__PROBLEM TO WORK ON__:
When the word "Preis" shows up in a line of the data below, copy that whole line.

__DATA TO USE__:
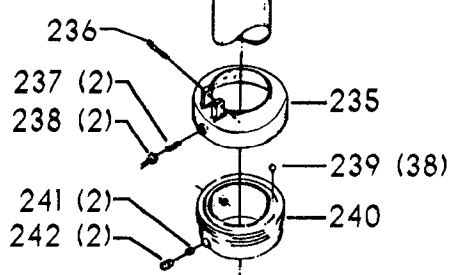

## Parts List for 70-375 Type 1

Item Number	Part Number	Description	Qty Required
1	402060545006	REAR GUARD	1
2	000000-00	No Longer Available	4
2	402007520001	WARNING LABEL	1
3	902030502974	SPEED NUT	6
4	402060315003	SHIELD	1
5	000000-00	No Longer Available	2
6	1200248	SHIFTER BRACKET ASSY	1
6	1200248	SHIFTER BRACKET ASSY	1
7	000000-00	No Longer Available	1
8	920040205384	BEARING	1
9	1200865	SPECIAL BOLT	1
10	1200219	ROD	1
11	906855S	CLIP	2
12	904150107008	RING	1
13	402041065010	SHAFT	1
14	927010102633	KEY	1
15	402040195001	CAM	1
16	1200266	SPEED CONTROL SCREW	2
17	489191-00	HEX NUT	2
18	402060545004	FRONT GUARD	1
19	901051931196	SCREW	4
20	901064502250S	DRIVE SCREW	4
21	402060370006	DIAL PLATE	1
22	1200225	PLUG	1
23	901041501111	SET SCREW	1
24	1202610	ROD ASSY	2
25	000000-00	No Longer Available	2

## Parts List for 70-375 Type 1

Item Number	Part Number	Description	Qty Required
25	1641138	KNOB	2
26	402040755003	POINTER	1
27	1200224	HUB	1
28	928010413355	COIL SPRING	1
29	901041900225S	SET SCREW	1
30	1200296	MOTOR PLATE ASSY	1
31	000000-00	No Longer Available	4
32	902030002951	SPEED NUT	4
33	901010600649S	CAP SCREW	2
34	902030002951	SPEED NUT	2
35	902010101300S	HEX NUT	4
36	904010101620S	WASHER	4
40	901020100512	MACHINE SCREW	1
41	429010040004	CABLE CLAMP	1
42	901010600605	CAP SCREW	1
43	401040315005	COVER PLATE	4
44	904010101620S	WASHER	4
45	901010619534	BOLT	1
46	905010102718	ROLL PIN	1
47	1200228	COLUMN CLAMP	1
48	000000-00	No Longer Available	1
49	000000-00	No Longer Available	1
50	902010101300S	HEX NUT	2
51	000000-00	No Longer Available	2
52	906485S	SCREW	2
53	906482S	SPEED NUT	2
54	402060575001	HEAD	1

==

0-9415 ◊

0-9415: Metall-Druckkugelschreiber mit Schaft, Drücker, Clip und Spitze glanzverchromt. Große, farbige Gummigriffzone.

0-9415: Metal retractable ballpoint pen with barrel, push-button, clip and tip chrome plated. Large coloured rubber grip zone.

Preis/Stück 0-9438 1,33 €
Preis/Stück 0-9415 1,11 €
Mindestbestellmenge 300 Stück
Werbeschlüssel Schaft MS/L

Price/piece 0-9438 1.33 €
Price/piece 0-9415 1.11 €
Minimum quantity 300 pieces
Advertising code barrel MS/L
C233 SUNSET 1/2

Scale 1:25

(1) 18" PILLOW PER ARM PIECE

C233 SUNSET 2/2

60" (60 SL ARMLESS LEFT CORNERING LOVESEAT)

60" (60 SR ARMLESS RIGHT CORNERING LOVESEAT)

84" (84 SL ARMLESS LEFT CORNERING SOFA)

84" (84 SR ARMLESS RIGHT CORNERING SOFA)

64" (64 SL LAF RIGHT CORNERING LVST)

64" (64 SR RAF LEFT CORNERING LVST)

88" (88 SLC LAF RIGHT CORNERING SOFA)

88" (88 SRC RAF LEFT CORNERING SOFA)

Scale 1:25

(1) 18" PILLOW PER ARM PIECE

__SOLUTION TO THIS EXERCISE__:
Preis/Stück 0-9438 1,33 €
Preis/Stück 0-9415 1,11 €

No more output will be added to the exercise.